**EXCERPTED DATA**:
★ ★ ★ ★ ★ ★ ★
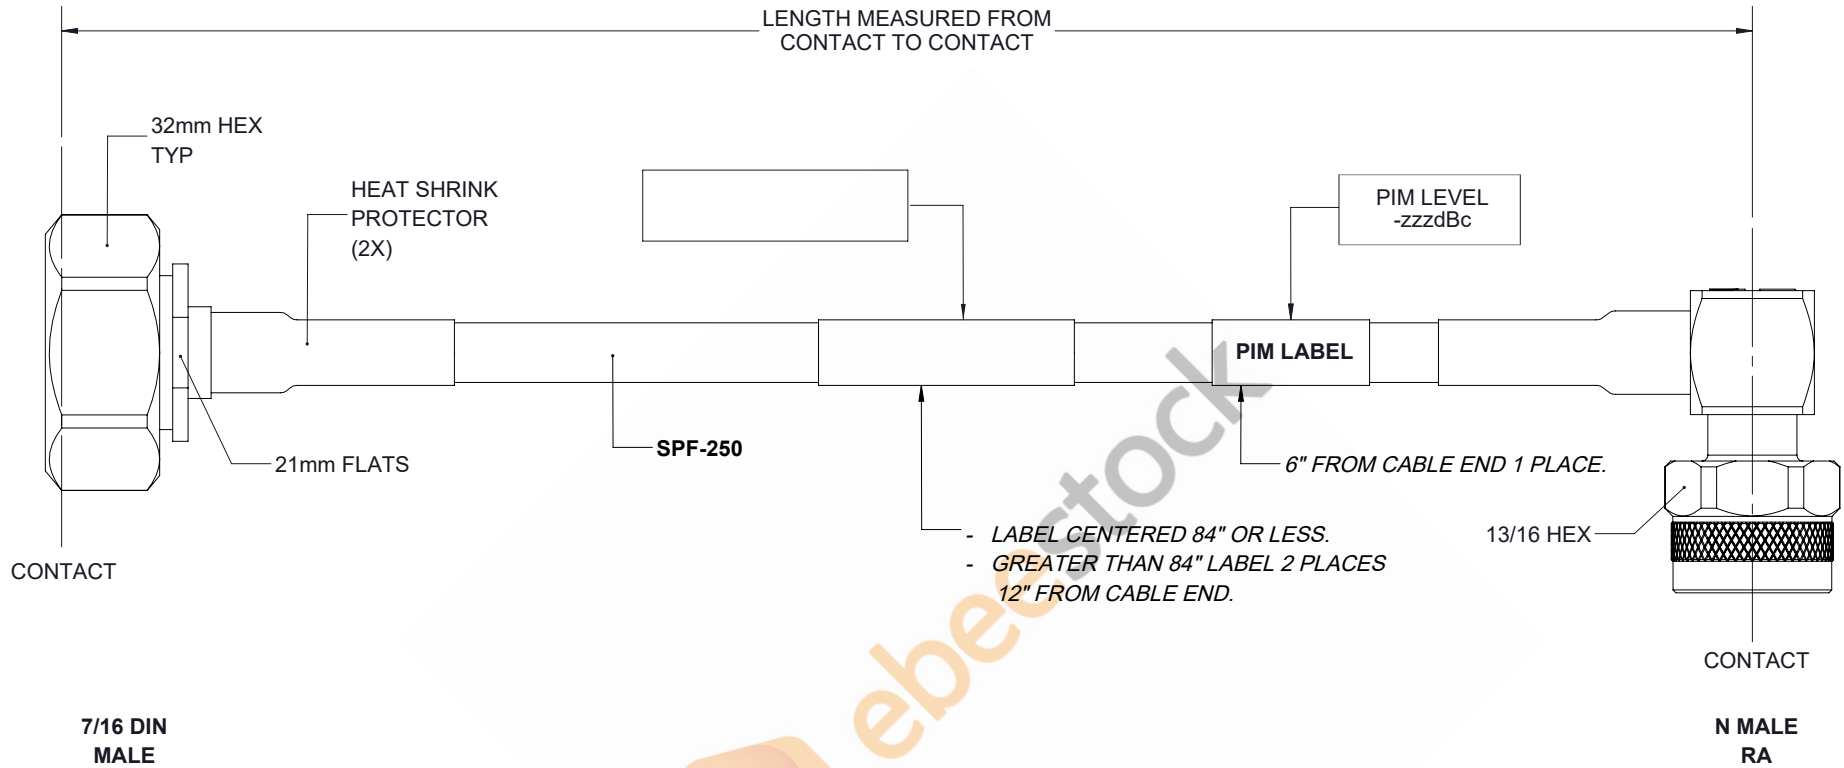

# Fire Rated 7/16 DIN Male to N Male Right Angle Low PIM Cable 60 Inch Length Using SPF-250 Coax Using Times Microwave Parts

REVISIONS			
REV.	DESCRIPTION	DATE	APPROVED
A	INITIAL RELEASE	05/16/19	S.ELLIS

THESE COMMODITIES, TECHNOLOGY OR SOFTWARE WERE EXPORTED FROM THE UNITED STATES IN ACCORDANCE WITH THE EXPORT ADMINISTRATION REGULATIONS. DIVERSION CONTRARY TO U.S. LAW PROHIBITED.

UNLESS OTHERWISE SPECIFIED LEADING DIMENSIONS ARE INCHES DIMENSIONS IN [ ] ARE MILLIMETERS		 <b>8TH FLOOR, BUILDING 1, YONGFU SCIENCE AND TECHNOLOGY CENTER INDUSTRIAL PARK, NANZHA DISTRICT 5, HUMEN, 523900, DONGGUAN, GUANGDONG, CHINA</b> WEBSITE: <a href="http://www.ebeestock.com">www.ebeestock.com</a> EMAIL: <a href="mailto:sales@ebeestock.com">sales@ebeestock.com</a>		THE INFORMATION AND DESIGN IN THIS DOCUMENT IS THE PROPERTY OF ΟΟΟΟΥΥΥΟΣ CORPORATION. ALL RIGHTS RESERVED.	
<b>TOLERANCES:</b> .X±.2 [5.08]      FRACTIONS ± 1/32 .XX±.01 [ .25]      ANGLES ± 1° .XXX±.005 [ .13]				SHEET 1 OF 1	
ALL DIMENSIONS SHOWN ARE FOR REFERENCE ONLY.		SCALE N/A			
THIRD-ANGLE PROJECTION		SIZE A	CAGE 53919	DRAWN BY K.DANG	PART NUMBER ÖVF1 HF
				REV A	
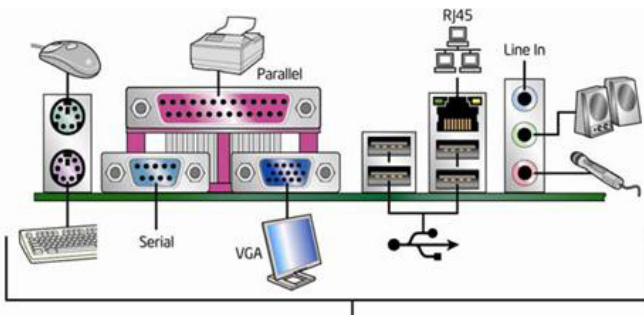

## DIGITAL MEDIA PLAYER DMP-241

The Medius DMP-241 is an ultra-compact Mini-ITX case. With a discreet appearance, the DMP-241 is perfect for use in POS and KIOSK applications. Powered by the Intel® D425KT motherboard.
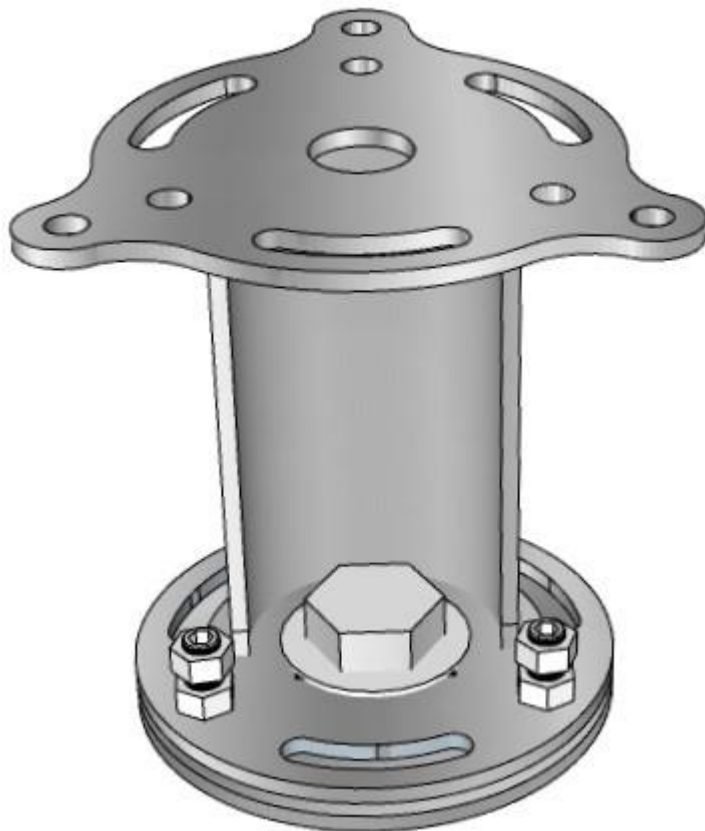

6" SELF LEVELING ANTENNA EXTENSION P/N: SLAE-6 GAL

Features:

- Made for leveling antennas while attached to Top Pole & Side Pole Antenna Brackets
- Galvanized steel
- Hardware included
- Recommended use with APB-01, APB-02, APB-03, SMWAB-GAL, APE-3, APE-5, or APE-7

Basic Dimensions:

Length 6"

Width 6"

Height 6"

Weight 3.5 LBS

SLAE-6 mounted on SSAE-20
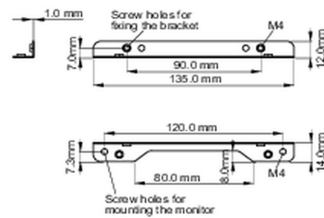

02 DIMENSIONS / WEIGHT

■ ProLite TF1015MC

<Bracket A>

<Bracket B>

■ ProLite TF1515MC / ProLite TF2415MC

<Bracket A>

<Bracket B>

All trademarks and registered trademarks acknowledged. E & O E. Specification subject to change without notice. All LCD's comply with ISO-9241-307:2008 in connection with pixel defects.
★ ★ ★ ★ ★ ★ ★
**WORK REQUEST**: Treating the line with "## DIGITAL MEDIA PLAYER DMP-241" as the last line to include, retype the records exactly from their first line, excluding pictures.

**RESPONSE BOX**:
# Fire Rated 7/16 DIN Male to N Male Right Angle Low PIM Cable 60 Inch Length Using SPF-250 Coax Using Times Microwave Parts

REVISIONS			
REV.	DESCRIPTION	DATE	APPROVED
A	INITIAL RELEASE	05/16/19	S.ELLIS

THESE COMMODITIES, TECHNOLOGY OR SOFTWARE WERE EXPORTED FROM THE UNITED STATES IN ACCORDANCE WITH THE EXPORT ADMINISTRATION REGULATIONS. DIVERSION CONTRARY TO U.S. LAW PROHIBITED.

UNLESS OTHERWISE SPECIFIED LEADING DIMENSIONS ARE INCHES DIMENSIONS IN [ ] ARE MILLIMETERS		 <b>8TH FLOOR, BUILDING 1, YONGFU SCIENCE AND TECHNOLOGY CENTER INDUSTRIAL PARK, NANZHA DISTRICT 5, HUMEN, 523900, DONGGUAN, GUANGDONG, CHINA</b> WEBSITE: <a href="http://www.ebeestock.com">www.ebeestock.com</a> EMAIL: <a href="mailto:sales@ebeestock.com">sales@ebeestock.com</a>		THE INFORMATION AND DESIGN IN THIS DOCUMENT IS THE PROPERTY OF ΟΟΟΟΥΥΥΟΣ CORPORATION. ALL RIGHTS RESERVED.	
<b>TOLERANCES:</b> .X±.2 [5.08]      FRACTIONS ± 1/32 .XX±.01 [ .25]      ANGLES ± 1° .XXX±.005 [ .13]				SHEET 1 OF 1	
ALL DIMENSIONS SHOWN ARE FOR REFERENCE ONLY.		SCALE N/A			
THIRD-ANGLE PROJECTION		SIZE A	CAGE 53919	DRAWN BY K.DANG	PART NUMBER ÖVF1 HF
				REV A	

## DIGITAL MEDIA PLAYER DMP-241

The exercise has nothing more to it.